After two weeks of sometimes tumultuous meetings with constituents at home, lawmakers return to the Capitol’s fiscal wars this week. They must consider whether to raise the federal debt ceiling beyond $14.3 trillion in exchange for still undefined budget-tightening reforms — a debate that is certain to linger well past the preliminary deadline of May 16. That delay has already prompted Treasury Secretary Timothy F. Geithner to use accounting moves that would allow the United States to continue to make payments without exceeding the debt ceiling. But he would run out of possibilities in early July.
Setting the stage for negotiations that could last well into the summer, Democrats and Republicans criticized one another Sunday over which reforms to attach to legislation extending the debt limit, with Democrats adamant that higher taxes on the wealthy and revoked tax privileges for oil companies be a part of a broad deficit-reduction package.
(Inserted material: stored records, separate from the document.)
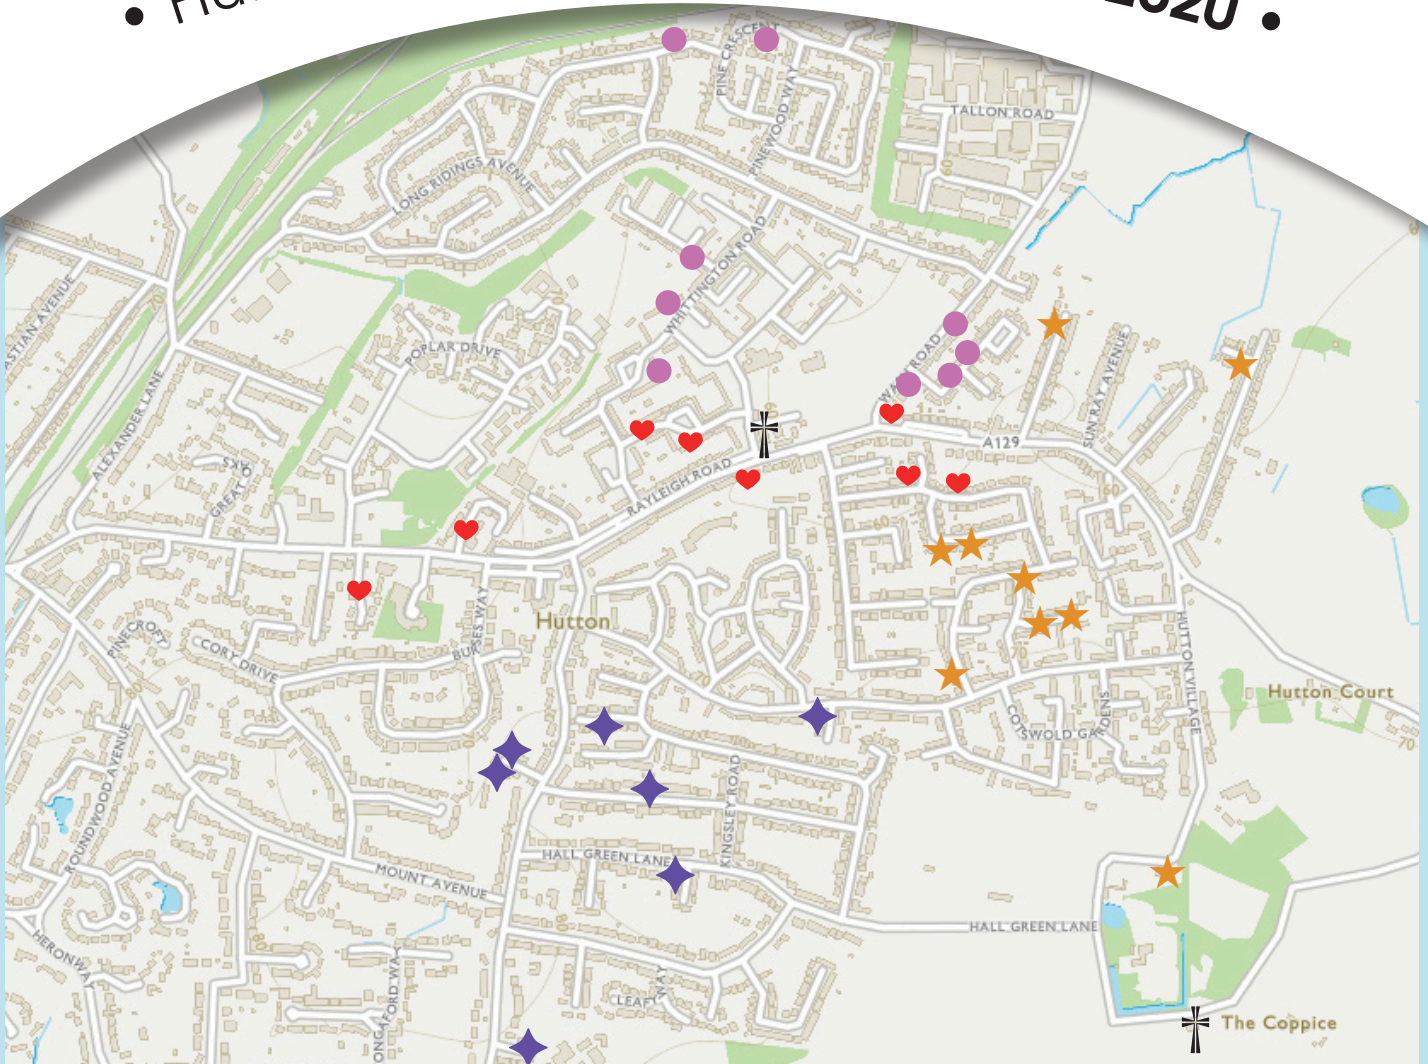

Hutton Parish • Advent Windows 2020 •

Find out more information at:

www.huttonparish.com/advent

1 Joy to the World

15 & 23 Wash Road
5 & 14 Edwards Way
26 Colet Road
39 Pine Crescent
8 Shaw Crescent
63 & 140 Whittington Road

LAUNCHES 1ST DECEMBER

2 Silent Night Holy Night

27 & 28 Randalls Drive
11 Mandeville Walk
8 & 39 Fairview Avenue
52 Goodwood Avenue
28 Mount Pleasant Ave
2 Hutton Hall Cottages
5 Kelvendon Close

LAUNCHES 6TH DECEMBER

3 Love Came Down

57 Chelmer Drive
6 Alpha Road
160 & 175 Rayleigh Road
4 & 29 Birkbeck Road
10 Normanhurst
6 The Spinney

LAUNCHES 13TH DECEMBER

4 O' Little Town of Bethlehem

10 Lordship Close
2 Windy Hill
9 Coleridge Walk
99 Hutton Drive
2 & 7 Longfellow Drive
23 Tennyson Road

LAUNCHES 20TH DECEMBER

Join us at 5:00pm on each launch date, [facebook](https://www.facebook.com/huttonparish) **LIVE** @huttonparish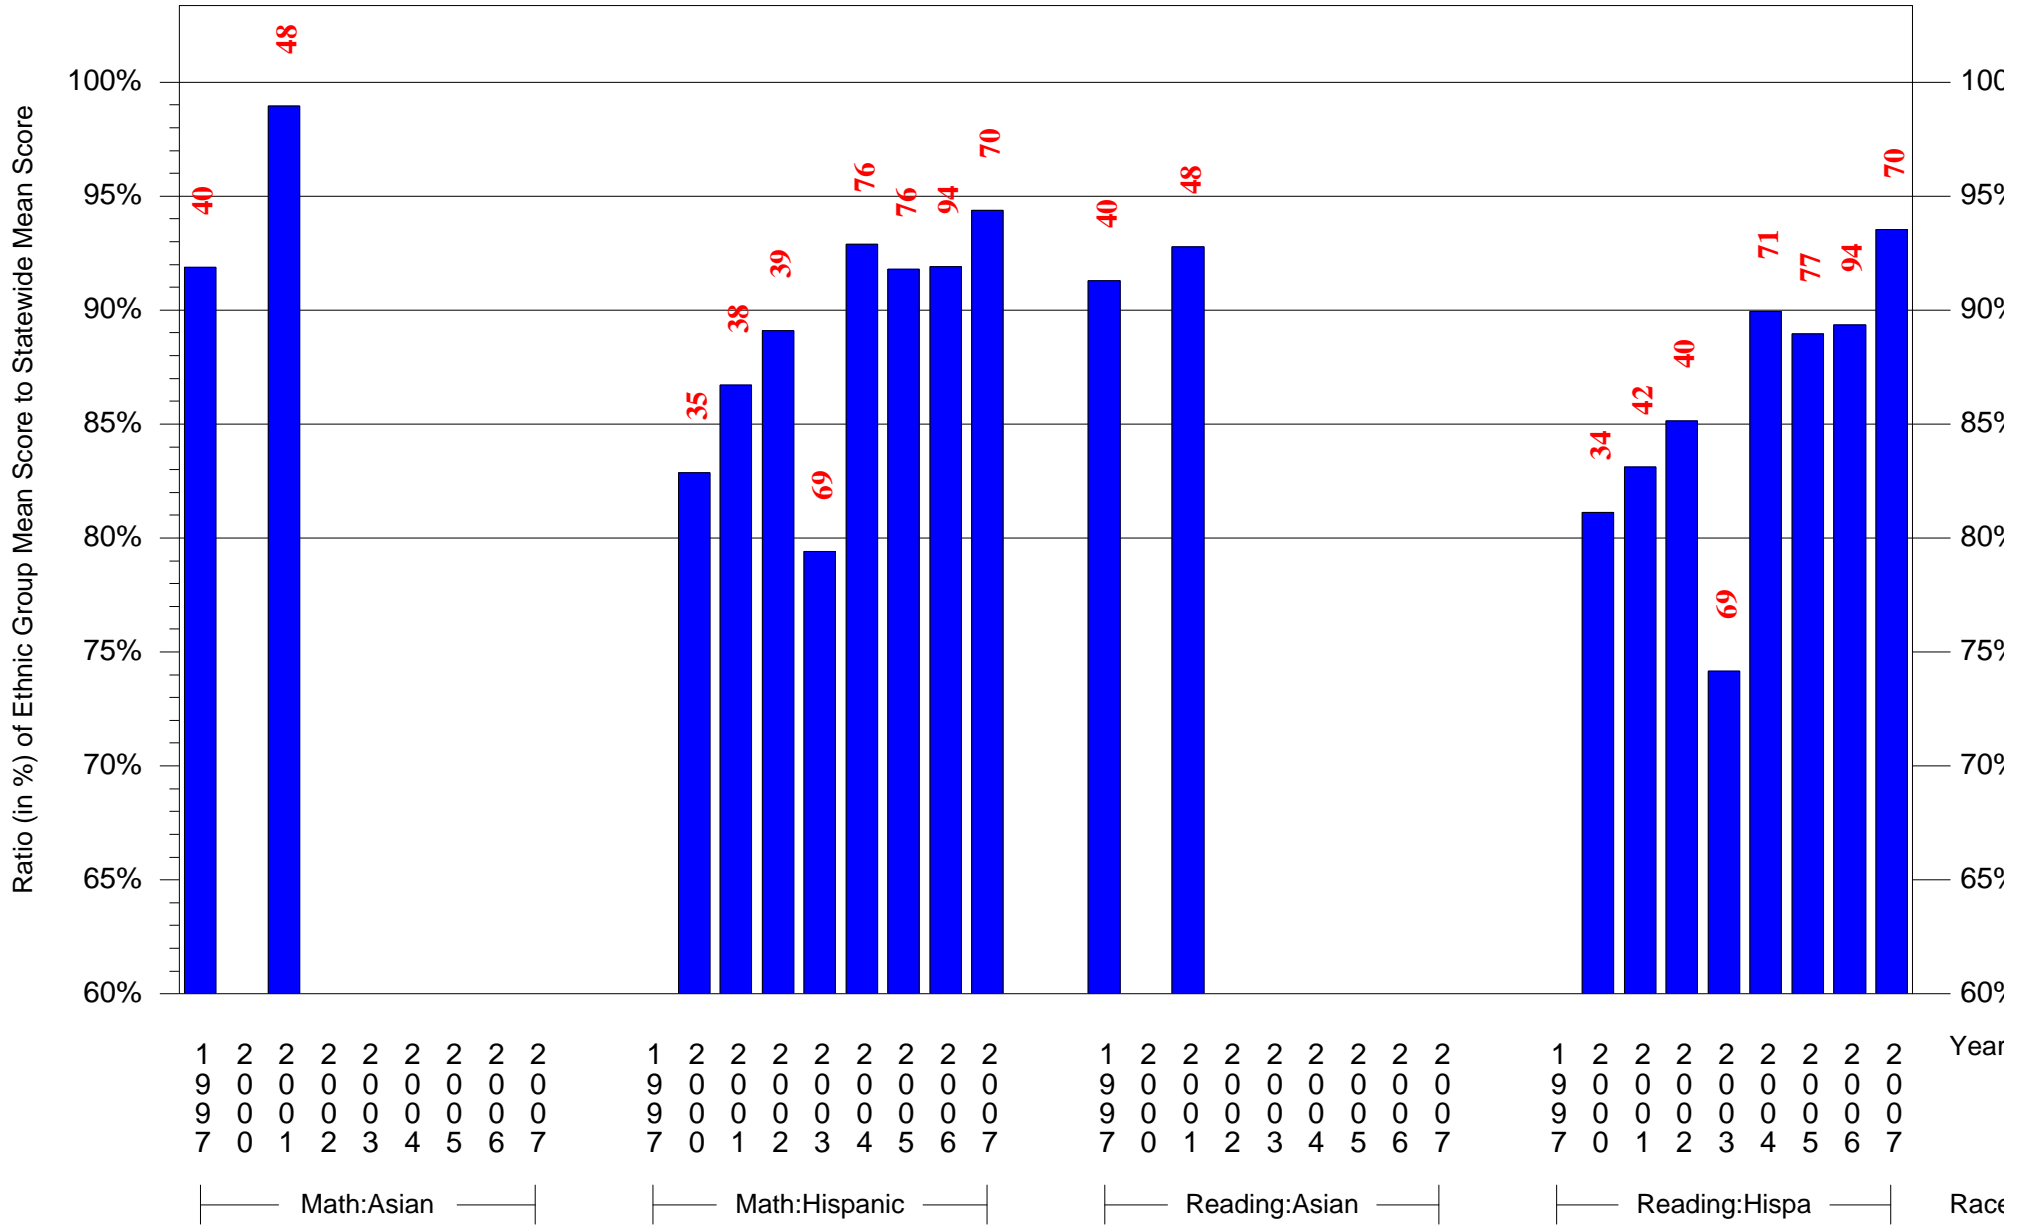

Mean Ethnic Group Building PSSA Test Score to Statewide Mean Score

Building = Rush Benjamin MS(5042) and Grade = 8 and Ethnic Group = Asian or Hispanic

(Note: Number (in red) of Test Takers is above each bar in the chart.)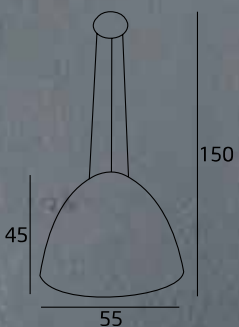

Linda
P0026

3x60W E27 230V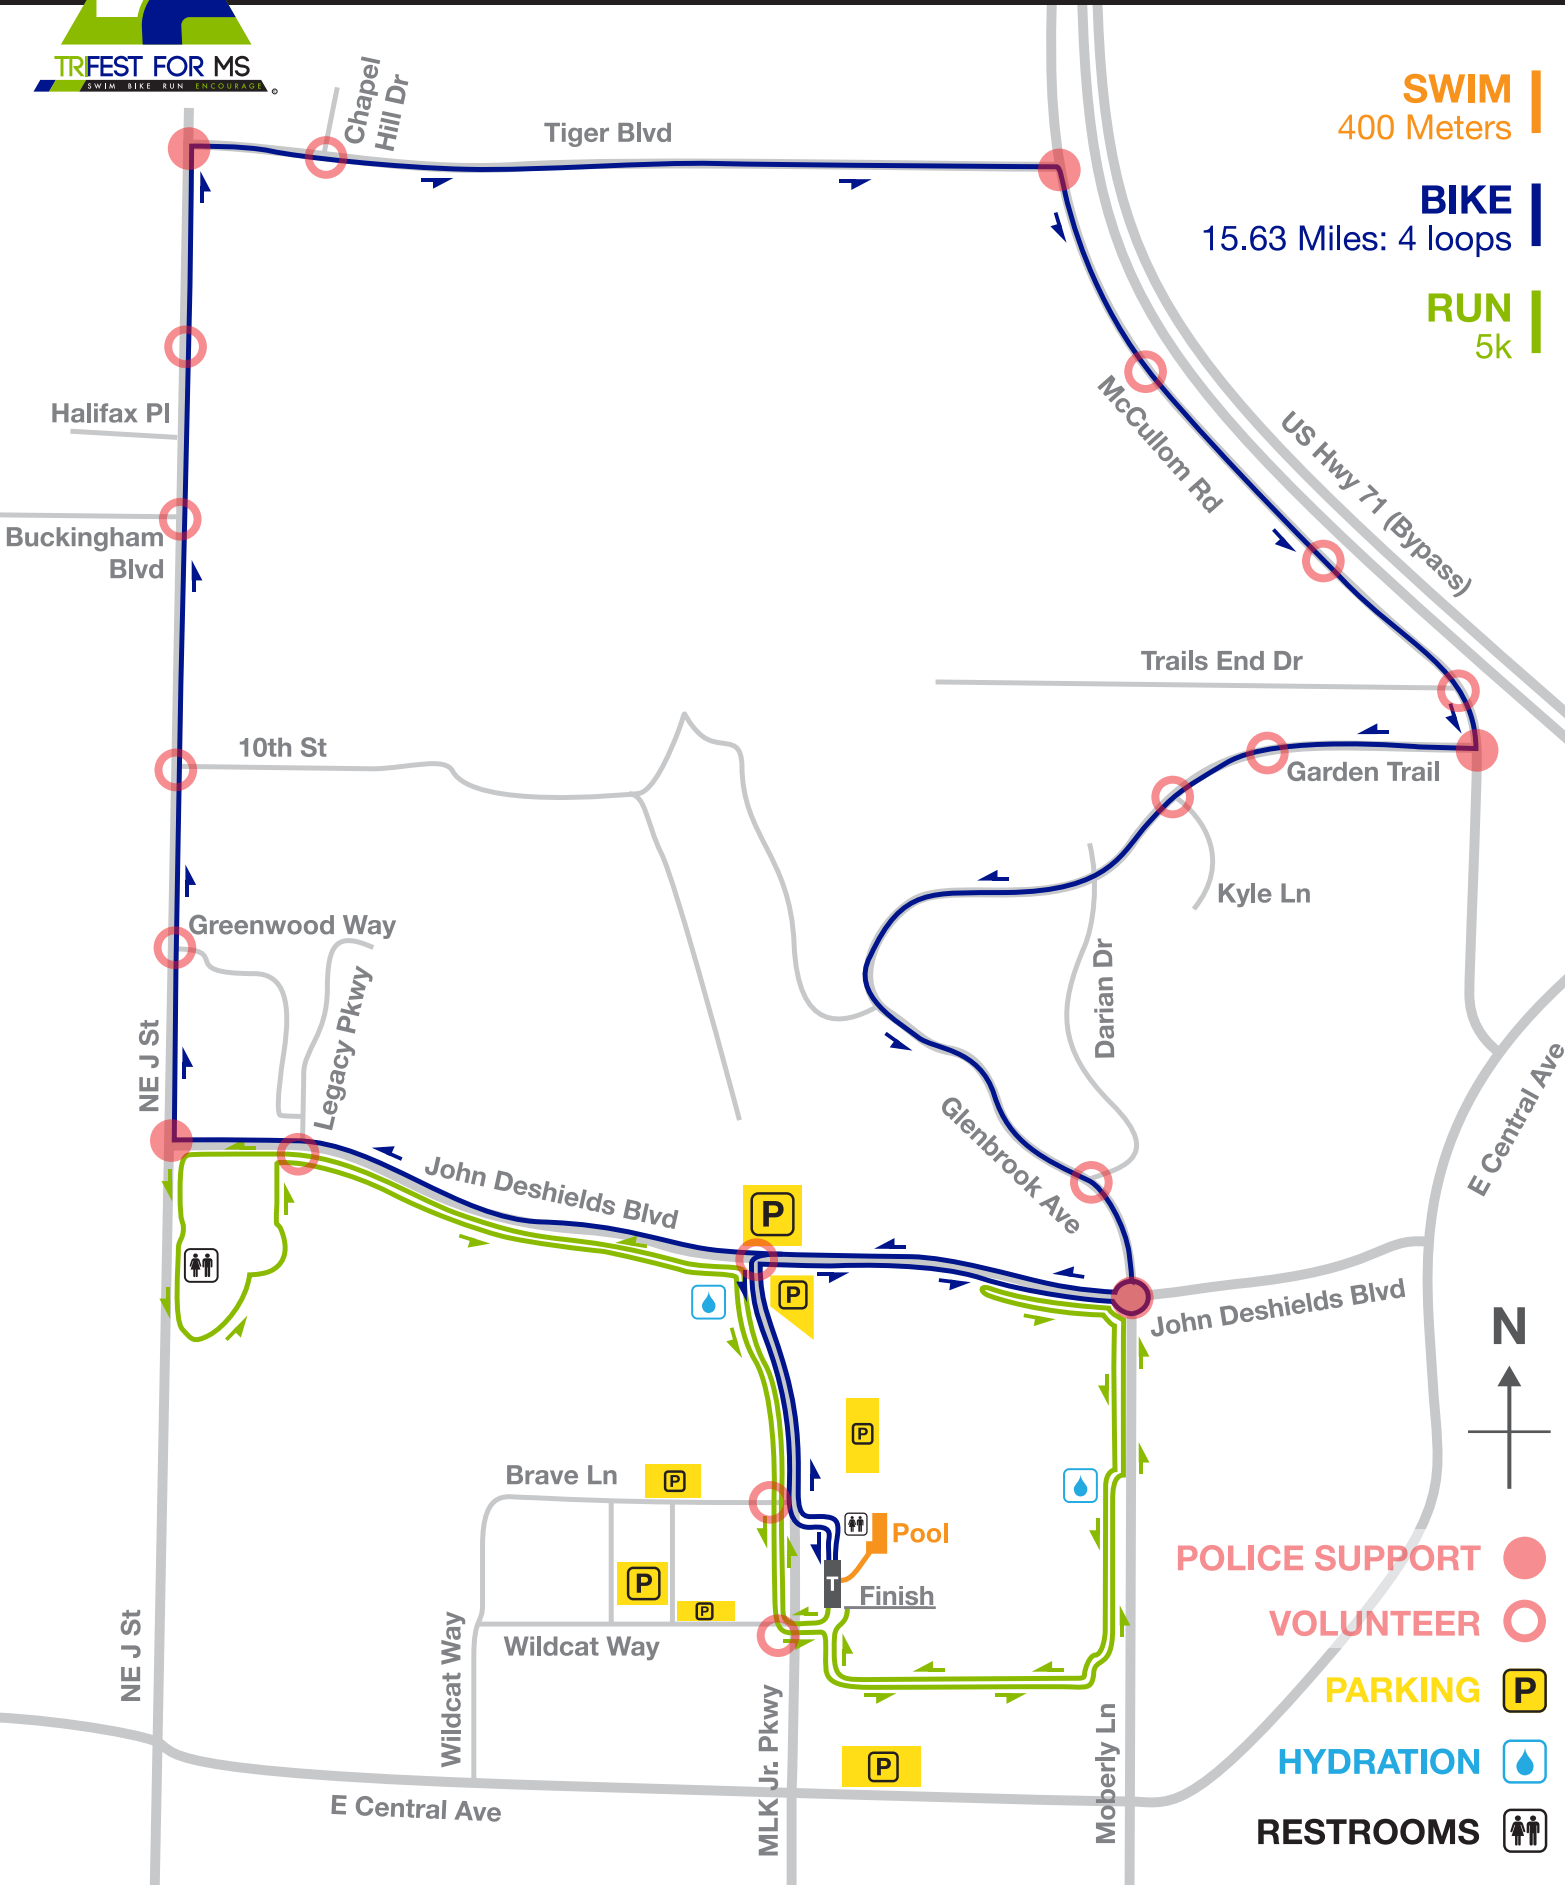

TRIFEST FOR MS – SPRINT DISTANCE

SWIM |
400 Meters

BIKE |
15.63 Miles: 4 loops

RUN |
5k

- POLICE SUPPORT** ●
- VOLUNTEER** ○
- PARKING** P
- HYDRATION** ☒
- RESTROOMS** 🚻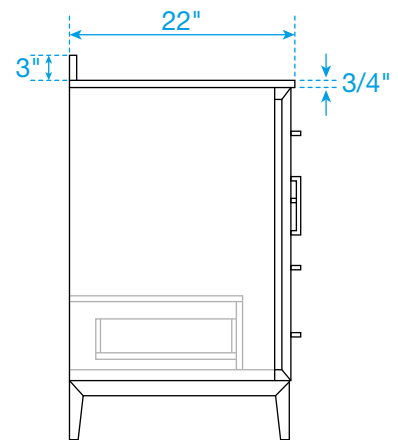

WYNDHAM COLLECTION

TOP VIEW OF VANITY CABINET

*Note: Due to high probability of breakage, the backsplash comes in two pieces, cut from the same piece. All measurements are $\pm 1/4$ ".

WC-8181-72-DBL
Quartz

WYNDHAM COLLECTION

Note: Side splash is reversible. Due to high probability of breakage, the backsplash comes in two pieces, cut from the same piece. All measurements are $\pm 1/4$ ".

WC-QC1-72-DBL-TOP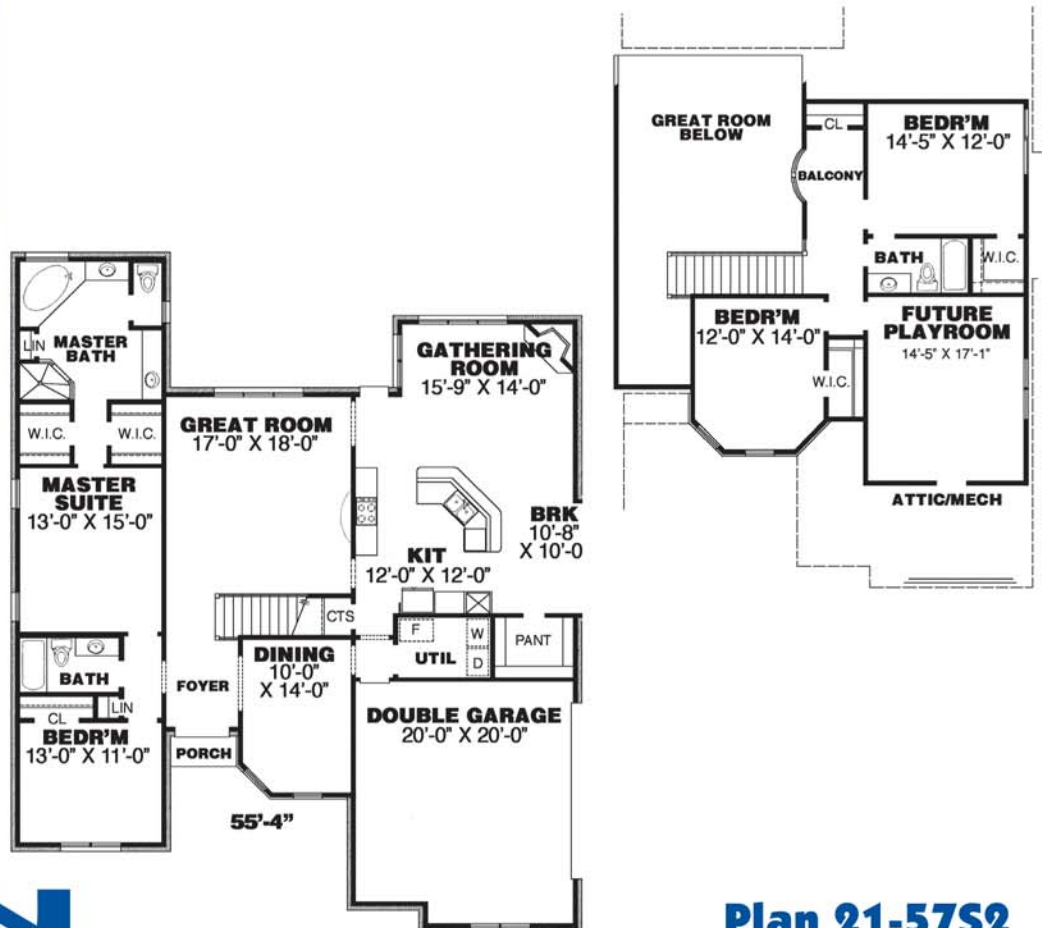

Taos II

Living down: 2102
Living up: 596
Total living: 2698
Future playroom: 259

Copyright © by Creative Home Designs, Inc.: These plans are protected under the Federal Copyright Laws. All rights reserved.

Floor plan dimensions are approximate. Consult working drawings for actual dimensions and information. Elevations are artists' conceptions.

Homes Built By

Plan 21-57S2

Stone is an upgrade feature

Most Republicans refuse to consider higher taxes as part of any final deal and demand the focus be on slashing entitlement spending.
“A lot of people think this is sort of like the magic fairy dust of budgets, that we can just make a small amount of people pay some more taxes and it will fix all of our problems. Well, let’s keep our eye on the ball. The eye on the ball is spending. And the sooner we get this thing under control, the better off everybody is going to be,” House Budget Committee Chairman Paul Ryan (R-Wisc.) said on ABC News’ “This Week With Christiane Amanpour”.